ActorCritic

class maze.train.trainers.common.actor_critic.actor_critic_trainer.ActorCritic(algorithm_config: Union[maze.train.trainers.a2c.a2c_algorithm_config.A2CAlgorithmConfig, maze.train.trainers.ppo.ppo_algorithm_config.PPOAlgorithmConfig, maze.train.trainers.impala.impala_algorithm_config.ImpalaAlgorithmConfig], rollout_generator: Union[maze.core.rollout.rollout_generator.RolloutGenerator, maze.train.parallelization.distributed_actors.distributed_actors.DistributedActors], evaluator: Optional[maze.train.trainers.common.evaluators.rollout_evaluator.RolloutEvaluator], model: maze.core.agent.torch_actor_critic.TorchActorCritic, model_selection: Optional[maze.train.trainers.common.model_selection.best_model_selection.BestModelSelection])

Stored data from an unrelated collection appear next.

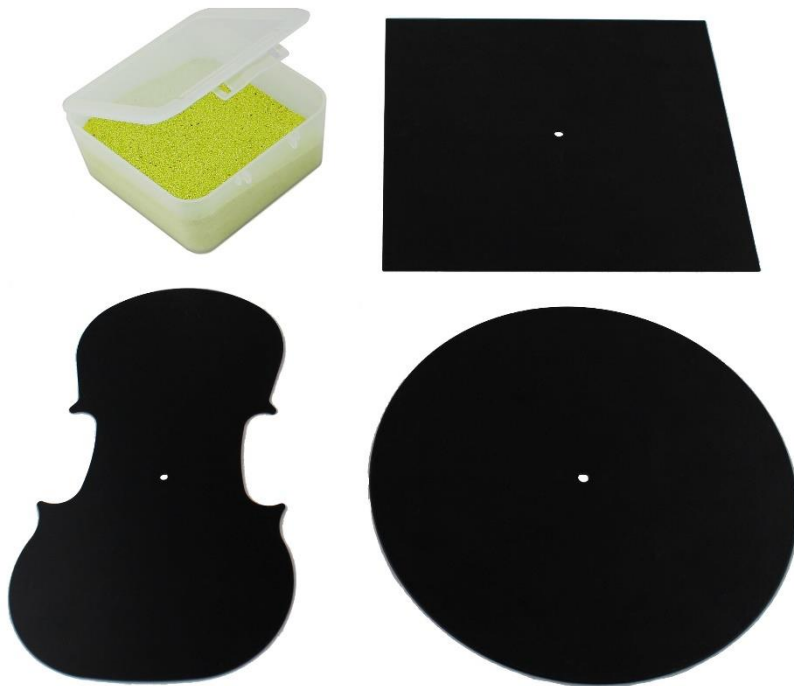

# Komplettset Chladnische Platten

## Technische Merkmale

- 1 Metallplatte in quadratischer Form 180x180mm
  - 1 Metallplatte in runder Form  $\varnothing$ 180mm
  - 1 Metallplatte in Form einer Geige 190x115mm
  - 1 Dose mit 200 g Sand
- Zur Verwendung mit dem Vibrationsgenerator 112.2063

Base class for actor critic trainers. Suitable for multi-step and multi-agent training.

Parameters
  • algorithm_config – Algorithm parameters.

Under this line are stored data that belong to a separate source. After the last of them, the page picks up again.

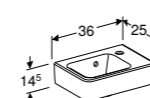

FONTein 36 CM

Met kraangat, met overloop
Met kraangat, met overloop KeraTect®

Voor montage op meubelbladen

500.382.01.1
500.382.01.8
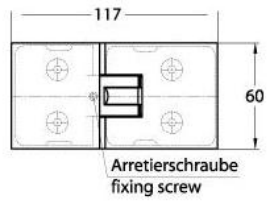

### Duschtürscharnier Milano Original für Saunas

Material:	Messing
Ausführung:	BlackLine RAL 9005 matt
Montage:	Glas/Glas 180°
Glasstärke:	8 / 10 mm
Verkaufseinheit (VE):	St
Packungseinheit (PE):	1.00
Form:	eckig
Tragkraft:	50 kg/Paar

beidseitig öffnend, verdeckte Verschraubung, vorgerichtet für 8 mm ESG, max. Türgrösse 800 x 2250 mm bzw. 50 kg/Paar, in der Nulllage (Rasterung) stufenlos einstellbar

  • rollout_generator – The rollout generator to use. This object encapsulates the env.

  • evaluator – The evaluator to use.

  • model – Structured torch actor critic model.

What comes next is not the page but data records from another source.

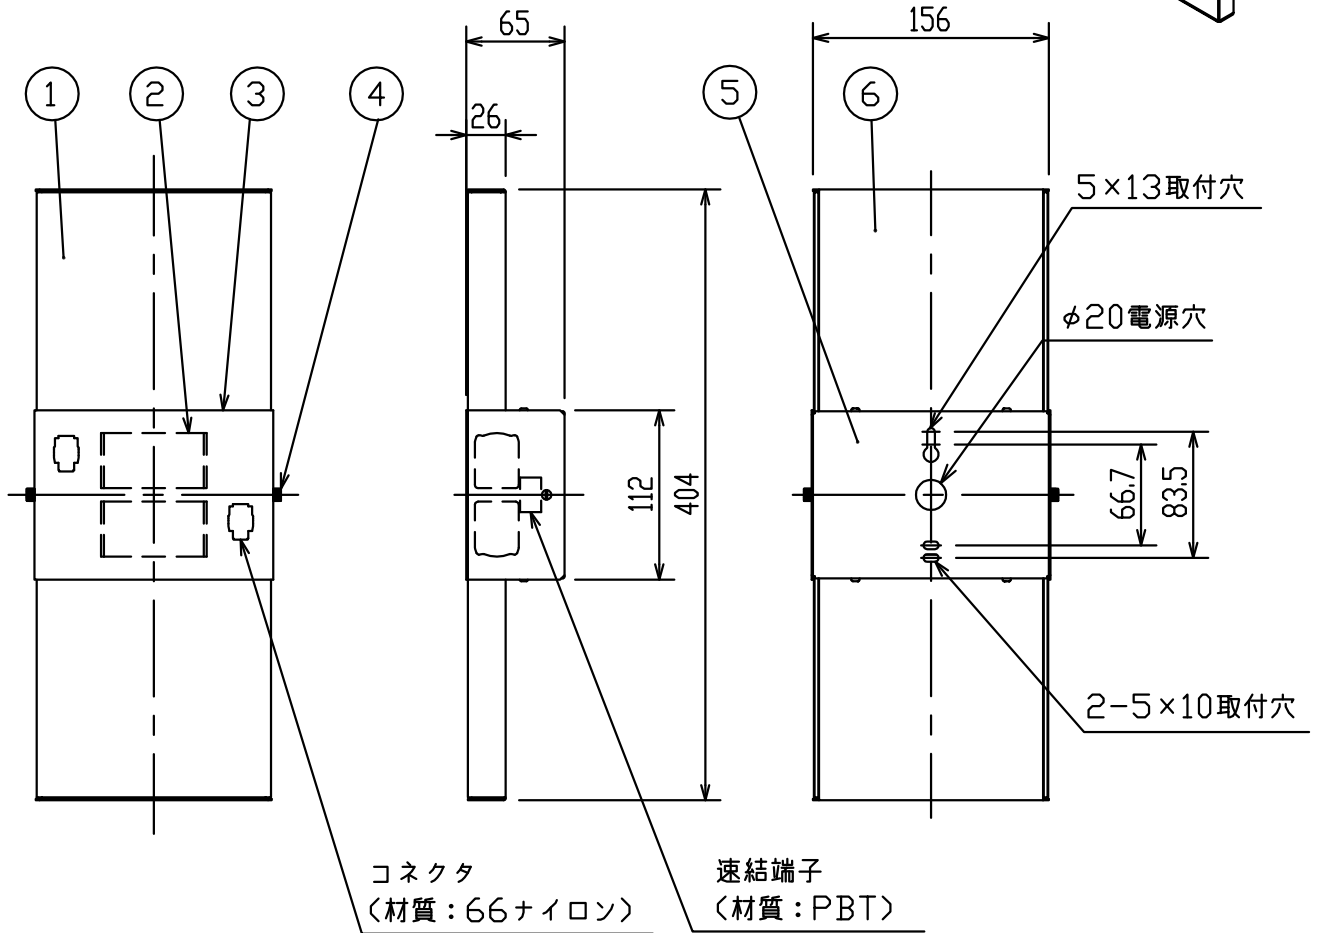

定格電圧 (V)	周波数 (Hz)	入力電流 (mA)	消費電力 (W)
AC100	50/60	144	8.0W

白 日塗工:N-93・マンセル:N9.3(近似値)

部番	部品名	材質・素材厚	数量	備考	器具質量	W・数	尺度
7					特記事項 ・縦向き・横向き取付可 ・調光不可 ・設計寿命:約40,000h	型番 ERB6110WA	承認/捺印/作成 鳥田原
6	反射板	鋼板(t1.0)	2	白艶消し			
5	取付板	鋼板(t1.0)	1	白艶消し	適合ランプ 球付	LEDユニット BLOCK 70 白色タイプ(4000K) Ra82	1/6
4	取付ネジ	ソynchew・M4	2	クロムメッキ(頭部白艶消し)			
3	化粧カバー	鋼板(t1.0)	1	白艶消し	約 1.8 Kg(ランプ含む)	4.0W×2	1/6
2	LEDユニット	ブロック70	2				
1	セード	アクリル	1	乳白マット

  • model_selection – Optional model selection class, receives model evaluation results.

evaluate()None

Perform evaluation on eval env.

load_state(file_path: Union[str, BinaryIO])None

(overrides Trainer)

implementation of Trainer

load_state_dict(state_dict: Dict)None

Set the model and optimizer state. :param state_dict: The state dict.

train(n_epochs: Optional[int] = None)None

(overrides Trainer)

Main train method of the actor critic trainer. This is used in order to do algorithm specific operations

around this method in the main train method which is called by the runner. (e.g. this is used when it comes to multiprocessing)

param n_epochs

Number of epochs to train.